[Supplied records Boundary: Start]
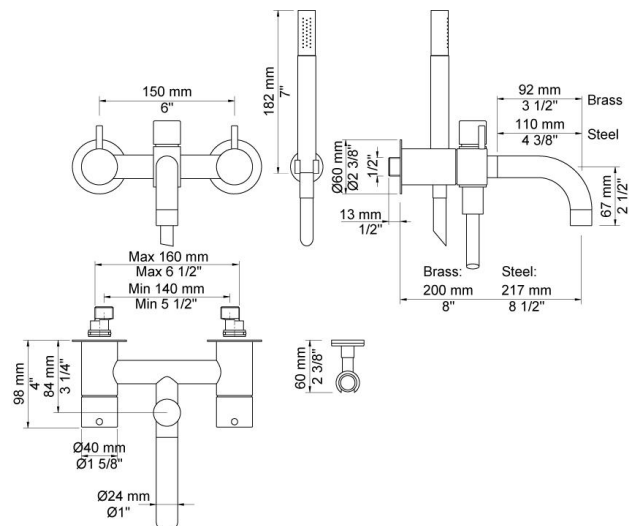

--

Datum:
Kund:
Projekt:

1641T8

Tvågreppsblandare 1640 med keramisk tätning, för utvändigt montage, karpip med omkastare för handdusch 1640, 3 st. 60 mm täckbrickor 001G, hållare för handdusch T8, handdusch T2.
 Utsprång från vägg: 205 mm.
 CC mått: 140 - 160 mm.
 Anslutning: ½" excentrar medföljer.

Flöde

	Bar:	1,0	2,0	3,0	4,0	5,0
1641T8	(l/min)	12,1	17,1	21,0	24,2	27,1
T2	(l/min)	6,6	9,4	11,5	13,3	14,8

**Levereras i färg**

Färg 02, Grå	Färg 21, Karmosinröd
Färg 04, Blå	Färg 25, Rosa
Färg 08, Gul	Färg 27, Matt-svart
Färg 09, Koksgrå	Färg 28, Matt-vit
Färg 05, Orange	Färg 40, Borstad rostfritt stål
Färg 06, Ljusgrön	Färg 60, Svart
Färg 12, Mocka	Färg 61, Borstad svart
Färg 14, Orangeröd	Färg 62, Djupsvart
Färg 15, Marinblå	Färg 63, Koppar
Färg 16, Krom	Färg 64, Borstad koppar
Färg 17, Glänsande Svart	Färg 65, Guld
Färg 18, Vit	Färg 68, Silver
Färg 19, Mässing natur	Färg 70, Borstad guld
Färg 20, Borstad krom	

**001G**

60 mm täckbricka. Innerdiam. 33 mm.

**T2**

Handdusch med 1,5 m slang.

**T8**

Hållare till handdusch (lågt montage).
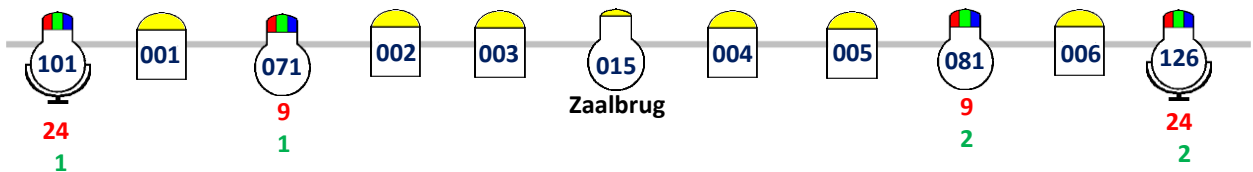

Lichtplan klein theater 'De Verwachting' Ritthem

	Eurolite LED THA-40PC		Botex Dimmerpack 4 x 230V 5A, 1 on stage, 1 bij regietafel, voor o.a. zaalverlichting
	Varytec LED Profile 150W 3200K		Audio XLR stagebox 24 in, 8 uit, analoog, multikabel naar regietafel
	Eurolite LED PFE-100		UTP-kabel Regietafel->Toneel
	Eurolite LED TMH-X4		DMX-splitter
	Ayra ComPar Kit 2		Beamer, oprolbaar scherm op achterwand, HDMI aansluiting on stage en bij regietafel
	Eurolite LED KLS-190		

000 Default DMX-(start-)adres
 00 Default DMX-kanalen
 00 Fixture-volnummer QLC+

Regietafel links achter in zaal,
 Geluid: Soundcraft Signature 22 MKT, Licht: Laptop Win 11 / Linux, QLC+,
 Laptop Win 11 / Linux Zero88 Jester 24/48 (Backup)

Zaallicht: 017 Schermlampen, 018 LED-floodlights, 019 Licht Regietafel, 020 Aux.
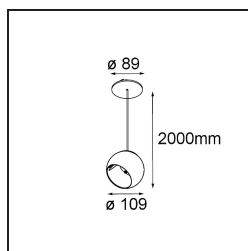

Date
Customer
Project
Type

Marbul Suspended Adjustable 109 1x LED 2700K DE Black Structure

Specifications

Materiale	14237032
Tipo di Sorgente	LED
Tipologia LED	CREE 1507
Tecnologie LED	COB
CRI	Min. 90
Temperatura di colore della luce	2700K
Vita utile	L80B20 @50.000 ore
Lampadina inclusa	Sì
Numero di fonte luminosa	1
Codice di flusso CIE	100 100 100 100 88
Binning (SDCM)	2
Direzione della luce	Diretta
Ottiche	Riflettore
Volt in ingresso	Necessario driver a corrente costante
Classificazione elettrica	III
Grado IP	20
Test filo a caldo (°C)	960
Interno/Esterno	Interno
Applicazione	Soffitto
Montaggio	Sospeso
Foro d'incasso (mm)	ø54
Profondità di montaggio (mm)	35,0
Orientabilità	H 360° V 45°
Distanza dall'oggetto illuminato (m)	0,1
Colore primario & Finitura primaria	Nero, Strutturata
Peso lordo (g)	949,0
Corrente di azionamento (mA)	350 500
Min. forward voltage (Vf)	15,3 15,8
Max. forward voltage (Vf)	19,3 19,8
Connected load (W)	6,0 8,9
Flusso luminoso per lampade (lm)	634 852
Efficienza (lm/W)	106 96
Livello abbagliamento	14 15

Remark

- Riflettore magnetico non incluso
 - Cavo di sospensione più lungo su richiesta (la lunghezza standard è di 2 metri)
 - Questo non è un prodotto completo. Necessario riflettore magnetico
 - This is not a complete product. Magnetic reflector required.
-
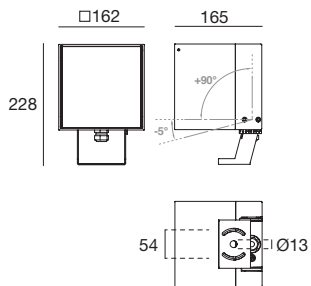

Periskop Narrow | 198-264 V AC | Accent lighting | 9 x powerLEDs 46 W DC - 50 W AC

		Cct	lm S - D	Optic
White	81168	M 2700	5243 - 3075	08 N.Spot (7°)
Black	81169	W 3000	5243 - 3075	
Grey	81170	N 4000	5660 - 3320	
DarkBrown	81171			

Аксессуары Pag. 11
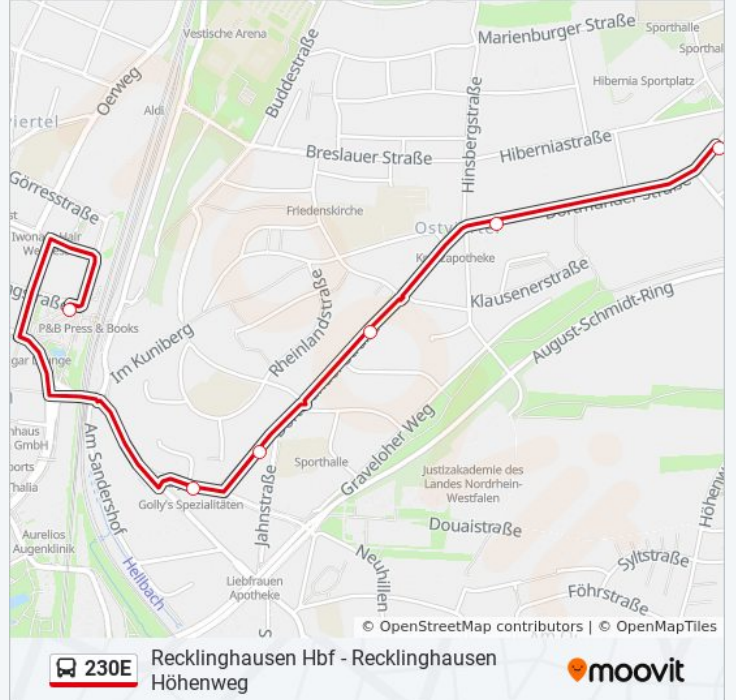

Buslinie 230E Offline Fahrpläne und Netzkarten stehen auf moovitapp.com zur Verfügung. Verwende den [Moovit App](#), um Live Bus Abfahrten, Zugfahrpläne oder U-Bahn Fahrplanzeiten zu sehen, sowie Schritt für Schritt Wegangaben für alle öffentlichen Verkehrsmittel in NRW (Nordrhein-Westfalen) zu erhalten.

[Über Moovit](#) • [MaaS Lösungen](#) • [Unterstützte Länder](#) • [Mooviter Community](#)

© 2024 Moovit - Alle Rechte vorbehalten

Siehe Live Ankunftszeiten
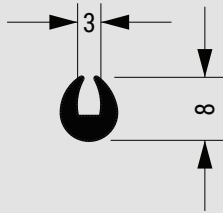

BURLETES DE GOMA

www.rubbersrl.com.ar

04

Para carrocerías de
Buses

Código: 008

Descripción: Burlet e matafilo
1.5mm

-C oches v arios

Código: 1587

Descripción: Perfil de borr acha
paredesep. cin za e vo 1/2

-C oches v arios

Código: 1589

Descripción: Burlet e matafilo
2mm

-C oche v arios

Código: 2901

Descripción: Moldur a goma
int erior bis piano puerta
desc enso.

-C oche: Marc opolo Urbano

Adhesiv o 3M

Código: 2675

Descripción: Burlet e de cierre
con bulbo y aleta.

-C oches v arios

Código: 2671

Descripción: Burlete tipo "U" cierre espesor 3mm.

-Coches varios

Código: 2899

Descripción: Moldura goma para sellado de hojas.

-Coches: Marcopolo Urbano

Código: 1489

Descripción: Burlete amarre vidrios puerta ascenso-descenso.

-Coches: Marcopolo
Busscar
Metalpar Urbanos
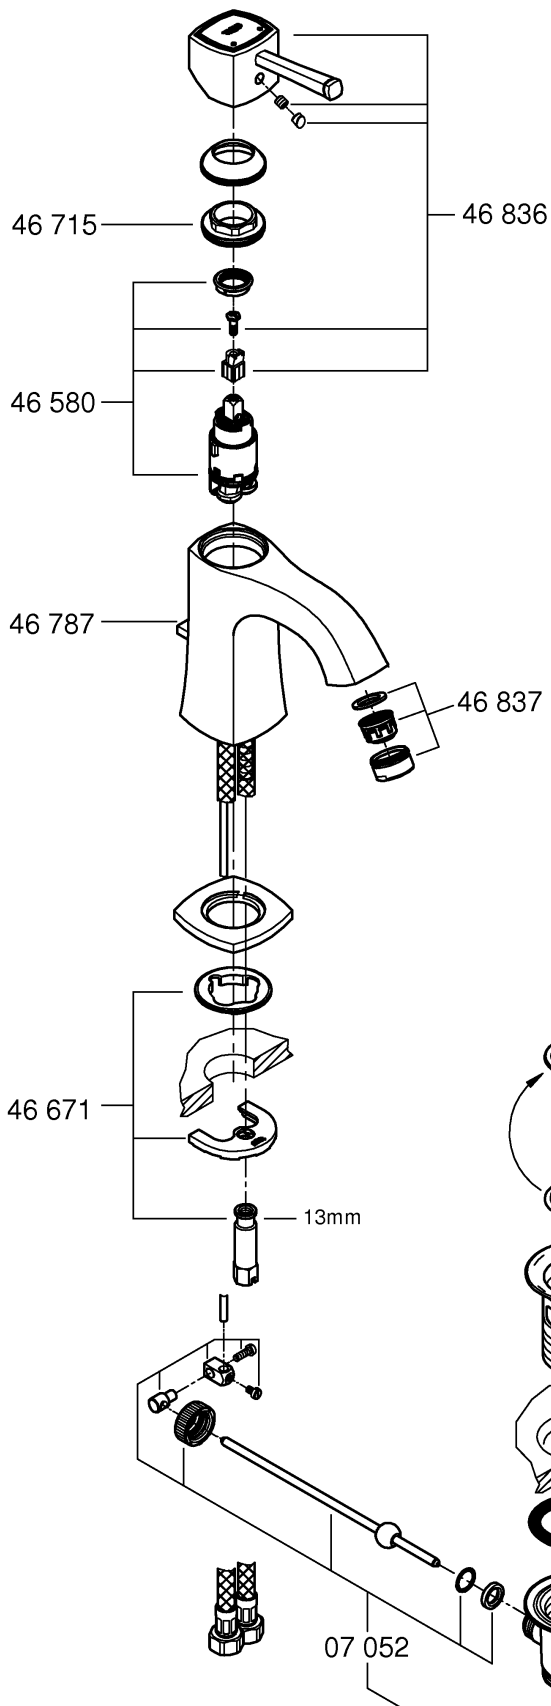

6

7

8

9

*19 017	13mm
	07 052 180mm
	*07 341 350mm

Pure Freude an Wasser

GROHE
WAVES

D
[Supplied records Boundary: End]
**Activity**
When copying the records, reproduce every entry exactly and omit all pictures.

**Answer to this problem**
--

Datum:
Kund:
Projekt:

1641T8

Tvågreppsblandare 1640 med keramisk tätning, för utvändigt montage, karpip med omkastare för handdusch 1640, 3 st. 60 mm täckbrickor 001G, hållare för handdusch T8, handdusch T2.
 Utsprång från vägg: 205 mm.
 CC mått: 140 - 160 mm.
 Anslutning: ½" excentrar medföljer.

Flöde

	Bar:	1,0	2,0	3,0	4,0	5,0
1641T8	(l/min)	12,1	17,1	21,0	24,2	27,1
T2	(l/min)	6,6	9,4	11,5	13,3	14,8

**Levereras i färg**

Färg 02, Grå	Färg 21, Karmosinröd
Färg 04, Blå	Färg 25, Rosa
Färg 08, Gul	Färg 27, Matt-svart
Färg 09, Koksgrå	Färg 28, Matt-vit
Färg 05, Orange	Färg 40, Borstad rostfritt stål
Färg 06, Ljusgrön	Färg 60, Svart
Färg 12, Mocka	Färg 61, Borstad svart
Färg 14, Orangeröd	Färg 62, Djupsvart
Färg 15, Marinblå	Färg 63, Koppar
Färg 16, Krom	Färg 64, Borstad koppar
Färg 17, Glänsande Svart	Färg 65, Guld
Färg 18, Vit	Färg 68, Silver
Färg 19, Mässing natur	Färg 70, Borstad guld
Färg 20, Borstad krom	

**001G**

60 mm täckbricka. Innerdiam. 33 mm.

**T2**

Handdusch med 1,5 m slang.

**T8**

Hållare till handdusch (lågt montage).

Lichtplan klein theater 'De Verwachting' Ritthem

	Eurolite LED THA-40PC		Botex Dimmerpack 4 x 230V 5A, 1 on stage, 1 bij regietafel, voor o.a. zaalverlichting
	Varytec LED Profile 150W 3200K		Audio XLR stagebox 24 in, 8 uit, analoog, multikabel naar regietafel
	Eurolite LED PFE-100		UTP-kabel Regietafel->Toneel
	Eurolite LED TMH-X4		DMX-splitter
	Ayra ComPar Kit 2		Beamer, oprolbaar scherm op achterwand, HDMI aansluiting on stage en bij regietafel
	Eurolite LED KLS-190		

000 Default DMX-(start-)adres
 00 Default DMX-kanalen
 00 Fixture-volnummer QLC+

Regietafel links achter in zaal,
 Geluid: Soundcraft Signature 22 MKT, Licht: Laptop Win 11 / Linux, QLC+,
 Laptop Win 11 / Linux Zero88 Jester 24/48 (Backup)

Zaallicht: 017 Schermlampen, 018 LED-floodlights, 019 Licht Regietafel, 020 Aux.

Date
Customer
Project
Type

Marbul Suspended Adjustable 109 1x LED 2700K DE Black Structure

Specifications

Materiale	14237032
Tipo di Sorgente	LED
Tipologia LED	CREE 1507
Tecnologie LED	COB
CRI	Min. 90
Temperatura di colore della luce	2700K
Vita utile	L80B20 @50.000 ore
Lampadina inclusa	Sì
Numero di fonte luminosa	1
Codice di flusso CIE	100 100 100 100 88
Binning (SDCM)	2
Direzione della luce	Diretta
Ottiche	Riflettore
Volt in ingresso	Necessario driver a corrente costante
Classificazione elettrica	III
Grado IP	20
Test filo a caldo (°C)	960
Interno/Esterno	Interno
Applicazione	Soffitto
Montaggio	Sospeso
Foro d'incasso (mm)	ø54
Profondità di montaggio (mm)	35,0
Orientabilità	H 360° V 45°
Distanza dall'oggetto illuminato (m)	0,1
Colore primario & Finitura primaria	Nero, Strutturata
Peso lordo (g)	949,0
Corrente di azionamento (mA)	350 500
Min. forward voltage (Vf)	15,3 15,8
Max. forward voltage (Vf)	19,3 19,8
Connected load (W)	6,0 8,9
Flusso luminoso per lampade (lm)	634 852
Efficienza (lm/W)	106 96
Livello abbagliamento	14 15

Remark

- Riflettore magnetico non incluso
 - Cavo di sospensione più lungo su richiesta (la lunghezza standard è di 2 metri)
 - Questo non è un prodotto completo. Necessario riflettore magnetico
 - This is not a complete product. Magnetic reflector required.
-

Periskop Narrow | 198-264 V AC | Accent lighting | 9 x powerLEDs 46 W DC - 50 W AC

		Cct	lm S - D	Optic
White	81168	M 2700	5243 - 3075	08 N.Spot (7°)
Black	81169	W 3000	5243 - 3075	
Grey	81170	N 4000	5660 - 3320	
DarkBrown	81171			

Аксессуары Pag. 11

Buslinie 230E Offline Fahrpläne und Netzkarten stehen auf moovitapp.com zur Verfügung. Verwende den [Moovit App](#), um Live Bus Abfahrten, Zugfahrpläne oder U-Bahn Fahrplanzeiten zu sehen, sowie Schritt für Schritt Wegangaben für alle öffentlichen Verkehrsmittel in NRW (Nordrhein-Westfalen) zu erhalten.

[Über Moovit](#) • [MaaS Lösungen](#) • [Unterstützte Länder](#) • [Mooviter Community](#)

© 2024 Moovit - Alle Rechte vorbehalten

Siehe Live Ankunftszeiten

BURLETES DE GOMA

www.rubbersrl.com.ar

04

Para carrocerías de
Buses

Código: 008

Descripción: Burlet e matafilo
1.5mm

-C oches v arios

Código: 1587

Descripción: Perfil de borr acha
paredesep. cin za e vo 1/2

-C oches v arios

Código: 1589

Descripción: Burlet e matafilo
2mm

-C oche v arios

Código: 2901

Descripción: Moldur a goma
int erior bis piano puerta
desc enso.

-C oche: Marc opolo Urbano

Adhesiv o 3M

Código: 2675

Descripción: Burlet e de cierre
con bulbo y aleta.

-C oches v arios

Código: 2671

Descripción: Burlete tipo "U" cierre espesor 3mm.

-Coches varios

Código: 2899

Descripción: Moldura goma para sellado de hojas.

-Coches: Marcopolo Urbano

Código: 1489

Descripción: Burlete amarre vidrios puerta ascenso-descenso.

-Coches: Marcopolo
Busscar
Metalpar Urbanos

6

7

8

9

*19 017	13mm
	07 052 180mm
	*07 341 350mm

Pure Freude an Wasser

GROHE
WAVES

D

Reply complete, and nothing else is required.